Go to ICLR 2026 Conference homepageThe Curious Case of In-Training Compression of State Space Models
Keywords: State Space Models, Sequence modeling, Model compression, Dynamical Systems
TL;DR: We introduce a control-theoretic approach to compressing state space models during training, achieving faster optimization and higher performance than training smaller models directly.
Abstract: State Space Models (SSMs), developed to tackle long sequence modeling tasks efficiently, offer both parallelizable training and fast inference. At their core are recurrent dynamical systems that maintain a hidden state, with update costs scaling with the state dimension.

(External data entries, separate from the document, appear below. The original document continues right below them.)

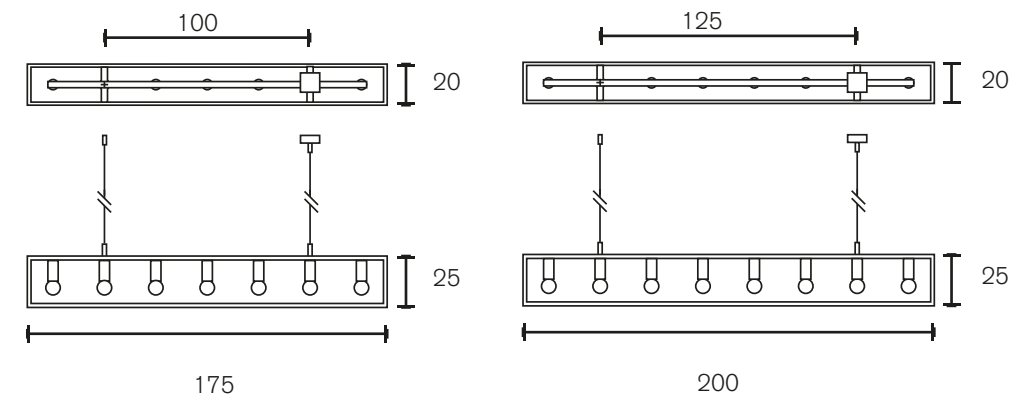

All hanging lamps are supplied with 2 meter steel- and electrical cable and 2 ceiling shades. Long ceiling shade with two steel cable connections available on request.
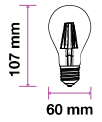

Frost Cover -Filament-A60-E27

5w VT-2045

SKU: 7178 - 2700K Warm White 3800157615549
SKU: 7179 - 4000K Day White 3800157615556
SKU: 7180 - 6400K White 3800157615563

EQ. Watts: 50w
Voltage/Frequency: AC:220-240V,50/60Hz
Luminous Flux: 600lm
Commercial Type: A60

LED Type: Filament
CRI: >80
PF: >0.5
Base: E27

Beam Angle: 300°
Body Type: Glass
Dimension: 60x107mm
Box Qty: 50 Pcs
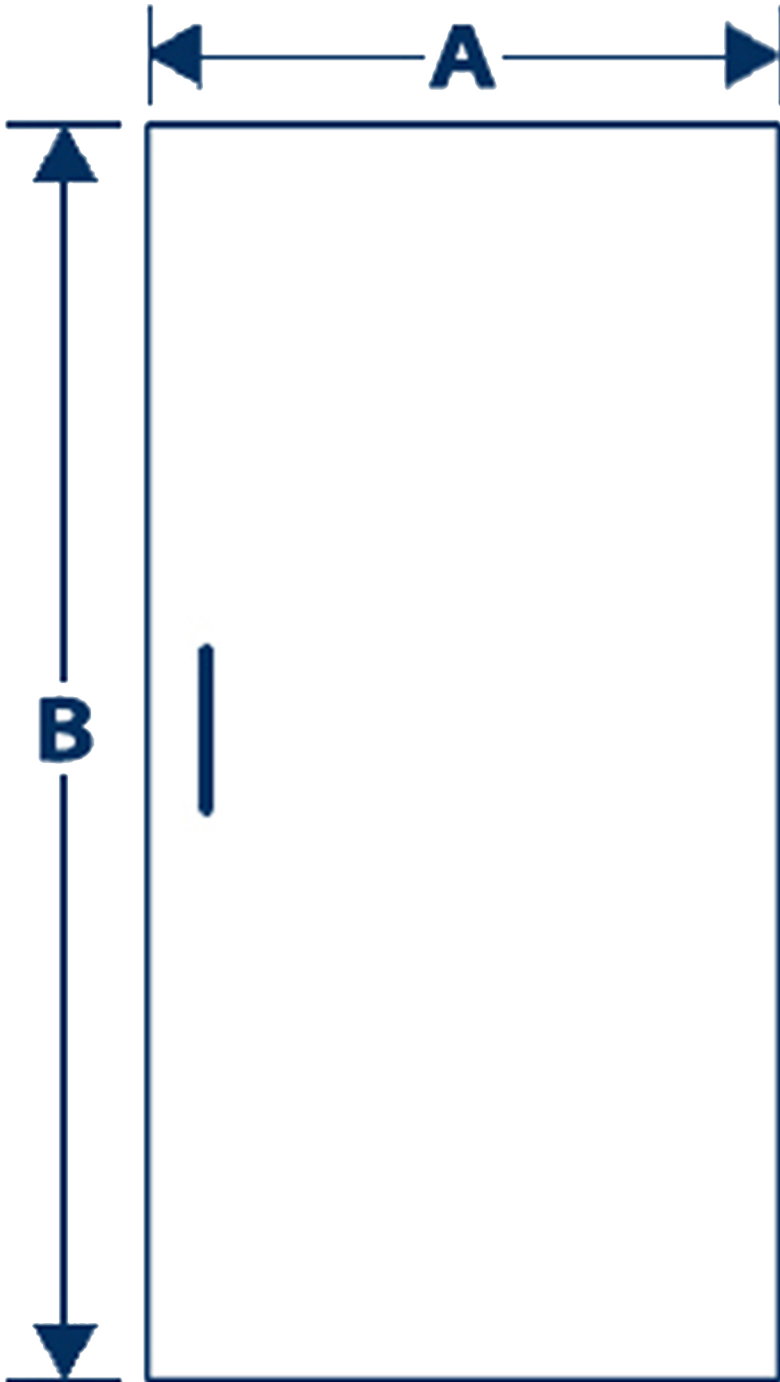

1196 N.W. 23 Avenue

Fort Lauderdale, FL 33311

P: (954) 920-3535 | F: (954) 920-4061

ShowerDoors.com

Measurements

A: _____ B: _____

Hardware

Color: _____

Is it cut size?

Yes

No

Name: _____

Date: _____

P.O. _____

A key design challenge is striking the right balance between maximizing expressivity and limiting this computational burden. Control theory, and more specifically Hankel singular value analysis, provides a potent framework for the measure of energy for each state, as well as the balanced truncation of the original system down to a smaller representation with performance guarantees. Leveraging the eigenvalue stability properties of Hankel matrices, we apply this lens to SSMs during training, where only dimensions of high influence are identified and preserved. Our approach applies to Linear Time-Invariant SSMs such as Linear Recurrent Units, but is also extendable to selective models. Experiments show that in-training reduction significantly accelerates optimization while preserving expressivity, with compressed models retaining task-critical structure lost by models trained directly at smaller dimension. In other words, SSMs that begin large and shrink during training achieve computational efficiency while maintaining higher performance.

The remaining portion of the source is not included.